It is too early to explore the justice of the Vatican criticism of Jon Sobrino’s theology. But such judgments also affect human lives. So it may be useful to set this event in the context of the relationship between the Basque born theologian and the El Salvador to which he has committed his working life.
I first met Jon Sobrino in November 1989. He had a speaking engagement in Bangkok, but with characteristic generosity had agreed to visit the Jesuit Refugee Service meeting at Chachoengsao. During the day the radio carried the story that six Jesuits had been murdered in Jon’s community and with them the cook and her daughter. Jon honoured his commitment and joined us for the evening.
Next day, still shocked, he returned to the Bangkok office, where he found that the Bangkok Post displayed photographs of one of the murdered Jesuits. "That is my typewriter", he said suddenly, "that is my bible". "That is my room". Through the simple details flowed the horror of their death and of his survival.
Four years later I spent six months in El Salvador in the same community as Jon Sobrino. In the army massacre at the UCA, he had lost his friend and mentor, Ignacio Ellacuria. His health was not good, and he was still deeply affected by the death of his companions. Despite that, he continued to teach, to write and to encourage the poor Catholic communities that sought a just social order. He seemed to have given his life and his work to the poor of El Salvador and to have identified with them. He became a voice for them.
El Salvador was then at the end of a conflict in which the Government army, with United States backing, had waged war against its people. One incident defines the conflict for me. I spent some time in a settlement formed by villagers, survivors of massacres, who had returned from exile. As the community prepared to celebrate the anniversary of its return, I had the task of gathering the names of those who had died in the conflict.
One elderly country woman stays in my memory. She had seven children; most of them had been catechists. All had been killed by government forces, some specially targeted, and others in indiscriminate assaults on their communities. As she mentioned Juan, the last of her children, she paused.

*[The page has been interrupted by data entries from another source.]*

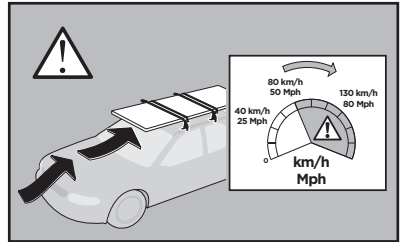

Thule Rapid System Kit 1515

> Instructions

TOYOTA Corolla, 4-dr Sedan, *09-

*North America

ISO 11154-E

141515

C.20130305
519-1515-02

Bring your life
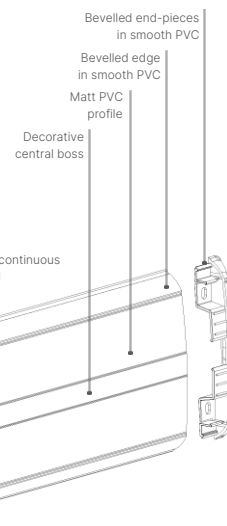

NOTE

The end-piece acts as the first clip.
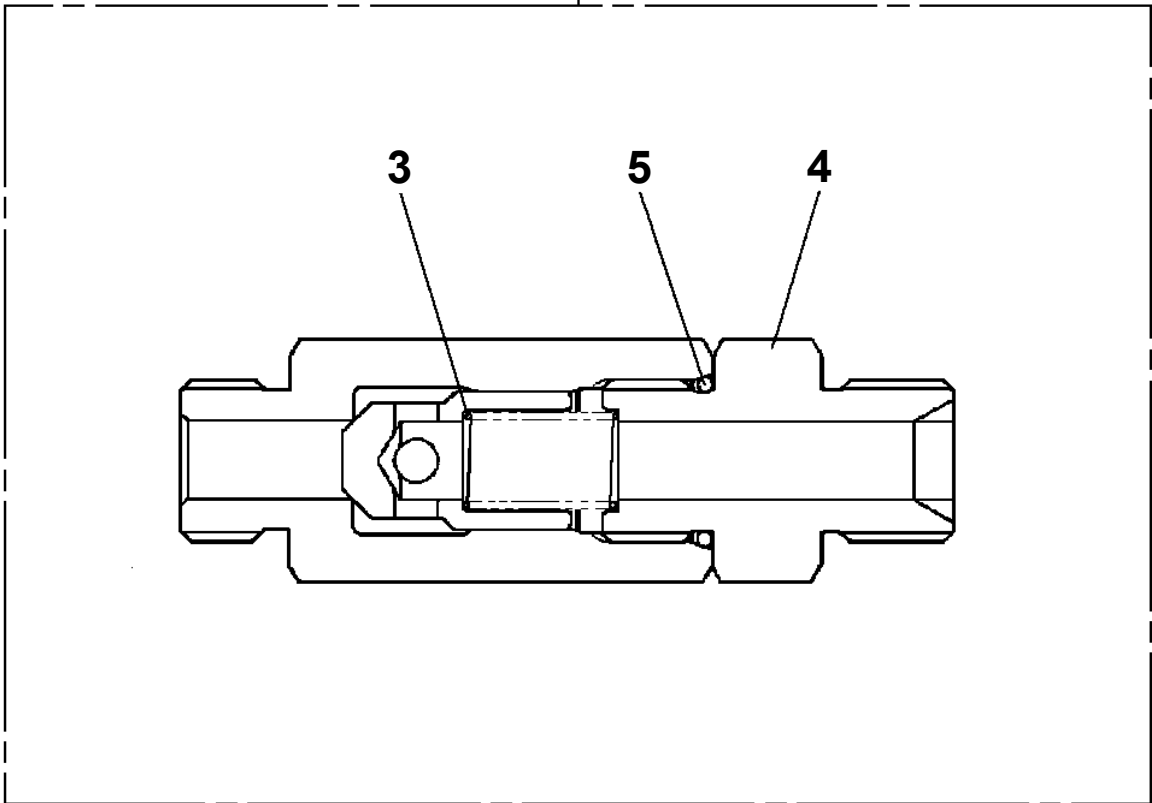

AT-146-2A 42095933500 LOWER,HINO BDG-XZU354E-TKMSD6

PO1000127-01 INDICATION PLATES

PX2001092-00 CARRIER UNIT

ASSEMBLY

CLICK HERE TO **DOWNLOAD** THE COMPLETE MANUAL

- Thank you very much for reading the preview of the manual.
- You can download the complete manual from: www.heydownloads.com by clicking the link below

- Please note: If there is no response to CLICKING the link, please download this PDF first and then click on it.

CLICK HERE TO **DOWNLOAD** THE COMPLETE MANUAL

AT-146-2A 42095933500 LOWER,HINO BDG-XZU354E-TKMSD6
PB1411631-00 PIPING,LOWER

**AT-146-2A 42095933500 LOWER,HINO BDG-XZU354E-TKMSD6
PI1140188-00 VALVE,CHECK**

50

AT-146-2A 42095933500 LOWER,HINO BDG-XZU354E-TKMSD6
 PN1110351-01 RELAY ASSY (B-TYPE,TOYOTA,HINO)

標準仕様

またぎO/R仕様

**AT-146-2A 42095933500 LOWER,HINO BDG-XZU354E-TKMSD6
PW1010466-00 ACCESSORIES**
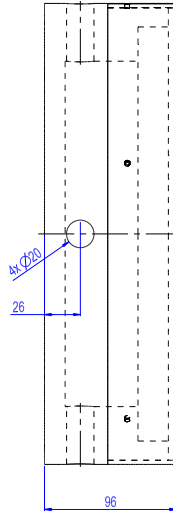

GM-UP-EK-X00-R2015

In wall mounting for analogue clocks

Features

In wall box made of wood and metal for installation in concrete walls in indoor or covered outdoor spaces. For analogue clocks Ø 300 and 400 mm.

Ordering information

GM-UP-EK-300R2015

For clocks Ø 300 mm

GM-UP-EK-400R2015

For clocks Ø 400 mm

Dimensions in mm

Inlet case GM-UP-EK-300R2015
For analogue clocks \varnothing 300 mm

Inlet case GM-UP-EK-400R2015
For analogue clocks \varnothing 400 mm
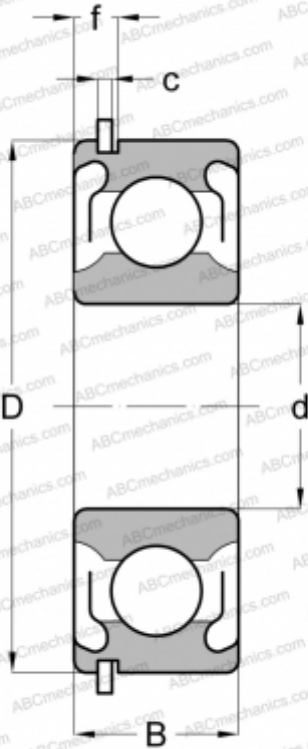

6007 2RSNR SKF

Deep groove ball bearings

TYPE: Ball bearings, Radial ball bearings, Single row, With snap ring groove, Snap ring, seals 2RS

Technical specification

DIMENSIONS, MM

d	35,000
D	62,000
B	14,000
f	3,962
c	1,905

WEIGHT, KG

0,150

MANUFACTURER

[SKF](#)

INTERCHANGE

ABC	6007 2RSNR
MRC	107-KSZZG
FAG	6007 2RSNR
FAFNIR	9107PPG
STEYR	6007 2RSNR
NEW DEPARTURE	Z4993L07

Tears came to her eyes as she said, "I had such hope in him".
This was the reality of the Salvadorean poor from whose perspective Jon Sobrino reflected on the implications of Christian faith. As a theologian his concern was less to think systematically about the Gospel than to ask how we should respond to it. In that sense he was as much a spiritual writer as a theologian. Identifying himself, as he did, with the systematically oppressed poor he had then to spell out what Christian promises and the path through death to life entailed. To be decent and credible the account he gave had to be concrete and to give full weight to disappearances, torture, evictions and intimidation. It has also to give weight to the use of these things as a tool of Government. He argued against those who weakened the Gospel by reducing it to individual piety or to abstractions. His theological voice is focused and passionate.
Sobrino’s theology reflects his Jesuit tradition. This emphasises identification with the poor, powerless and humiliated Jesus, and distrust of wealth, status and celebrity. Jon Sobrino focuses on the social context of Jesus’ life and the radical path he chose in his ministry, using Salvadorean society as the matrix for the theological imagination. In such exigent places Christ’s divinity hides itself. People who live in more comfortable places want a more ceremonious theology.
No doubt the humiliation entailed in the judgment on Jon Sobrino’s theology will serve large ends. But for him, it simply takes to a deeper level his identification with the poor of El Salvador. From being a voice for them, he shares their voicelessness. He will bear it, as he has borne so much, with the bravery of an exemplary Catholic, priest, theologian, Jesuit and human being.